There are still many problems to solve and opportunities at the infrastructure and enabling-tool layers – so we will continue to invest in those layers as well,
Tejwani added.

CFTC and SEC: Key Roles in Shaping the Crypto Market


Regulatory changes are critical to the future of the crypto industry. Paul Atkins, appointed by Donald Trump to lead the SEC, could play a key role in determining how U.S. securities laws apply to crypto assets. 

Equally significant is whether the Commodity Futures Trading Commission (CFTC) will finalize the classification of certain tokens as commodities.

Steve Brotman, founder and managing partner of Alpha Partners, believes that Atkins’ past criticism of the SEC’s aggressive policies suggests a potential shift toward a more balanced regulatory approach. 
Steve Brotman Source: Alpha Partners

Steve Brotman Source: Alpha Partners

[Atkins] has been critical of some of the previous SEC Chair’s initiatives, particularly those seen as overly aggressive towards Wall Street and the crypto industry. This suggests he may pursue a more industry-friendly regulatory approach,
Brotman said.
Atkins will also face challenges related to the revival of the U.S. IPO market, driven by the Federal Reserve’s lowering of interest rates. Brotman emphasized that the market is closely monitoring for signs of a more supportive regulatory environment that could drive innovation and growth.
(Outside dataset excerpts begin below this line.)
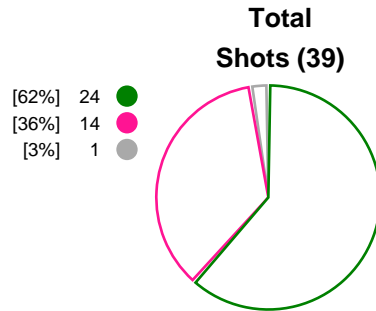

Match Statistics Shots

IK Sävehof (SWE)

HC Eurofarm Rabotnik (MKD)

● Goals ● Saves ● Missed ● Posts ● Blocks

Player Statistics: IK Sävehof (SWE)

Goalkeeper	Total				All Saves/Shots					
No. Name	Saves	Shots	%	GC	7M	6M	9M	Wing	BT	FB
16 BJÖRGVINSSON Agust Elí (ISL)	14	38	37	24	50% (1/2)	16% (2/12)	38% (5/13)	55% (5/9)		
TOTALS	14	38	37	24	50% (1/2)	16% (2/12)	38% (5/13)	55% (5/9)		

Player	Total				All Goals/Shots							Additional			Punishments		
No. Name	Pos.	Goals	Shots	%	7M	7M%	6M	9M	Wing	BT	FB	Ass.	ST	BL	YC	2m	RC
3 BERLIN Emil		3	3	100			2/2	1/1									
4 THORBJÖRNSSON Tobias		0	0	0													
5 KONCZ Andras (HUN)		1	2	50			1/1	0/1									
6 BLANCHE Adam		0	0	0									1				
8 WEDBERG Gustaf		0	0	0													
9 AGA ECK Vetle (NOR)		1	3	33			0/1	1/2									
12 MÖLLER Simon		0	0	0													
14 RHASSON Henrik		0	0	0													
15 BOGOJEVIC William		3	7	43			1/1	2/6									
16 BJÖRGVINSSON Agust Elí (ISL)		0	0	0													
17 SPANTE Sebastian		1	2	50					1/2								
22 SALIHI Gzim		3	3	100				2/2								3	1
25 SUNAJKO Stefan (SRB)		5	7	71			3/3	1/1	1/3								
26 EDVARDSSON Jonathan		3	5	60			3/4	0/1					1				
34 KARLSSON Sebastian		5	6	83	1/2	50%	2/2		2/2								
UNASSIGNED		0	0	0												1	
Player TOTALS		25	38	66	1/2	50%	12/14	7/14	4/7			2			1	3	1

Officials	Punishments		
No. Name	YC	2m	RC
A BERNDTSSON Kristian			
B BERGGREN Emil			
C WEDBERG Marie			
D PALMQUIST Thomas			
TEAM			
TOTALS	1	3	1

The overall trajectory of the crypto market and venture funding will depend on how Atkins and other regulators address critical uncertainties. Collaborative efforts in regulation could accelerate startup growth and potentially redefine the U.S.’s role in the global crypto ecosystem.

Wall Street Eyes Regulatory Risk Reduction


Traditional financial firms, which have long kept their distance from cryptocurrencies, may finally step into the DeFi space.

Will Ogden Moore, a research analyst at crypto investment firm Grayscale, predicts that cryptocurrencies are poised to enter the next chapter. Conservative policy changes, such as potential tax cuts under a Republican-led government, could weaken the dollar and boost demand for Bitcoin as an alternative monetary system.

Payment processors and Bitcoin custody services backed by venture capital are likely to benefit from these shifts. Moore highlights growth opportunities in decentralized finance (DeFi), tokenized assets, and blockchain-based businesses, which could drive broader adoption and innovation in the industry.

Fixed-income cryptocurrency trading also stands to grow, driven by reduced transaction fees, faster settlement times, and favorable exchange rates. These changes could profoundly reshape the U.S. crypto market, paving the way for long-anticipated participation from Wall Street.

PitchBook: About the Researchers

Founded in 2007, PitchBook is a leading provider of data, research, and analytics for private and public companies. The platform specializes in global mergers and acquisitions (M&A), private equity, and venture capital investments.

In 2016, PitchBook was acquired by Morningstar for $225 million, facilitating significant growth and expansion. The company has since grown to over 3,000 employees, comprising experts in fintech, cryptocurrency, artificial intelligence, and more.
PitchBook’s Headquarters in Seattle. Source: PitchBook

PitchBook’s Headquarters in Seattle. Source: PitchBook

PitchBook’s clients include venture capital and private equity funds, corporate development teams, investment banks, international consultants, and lenders. 
To produce its comprehensive reports, real-time analyses, and forecasts, PitchBook engages top industry experts, government officials, and key opinion leaders.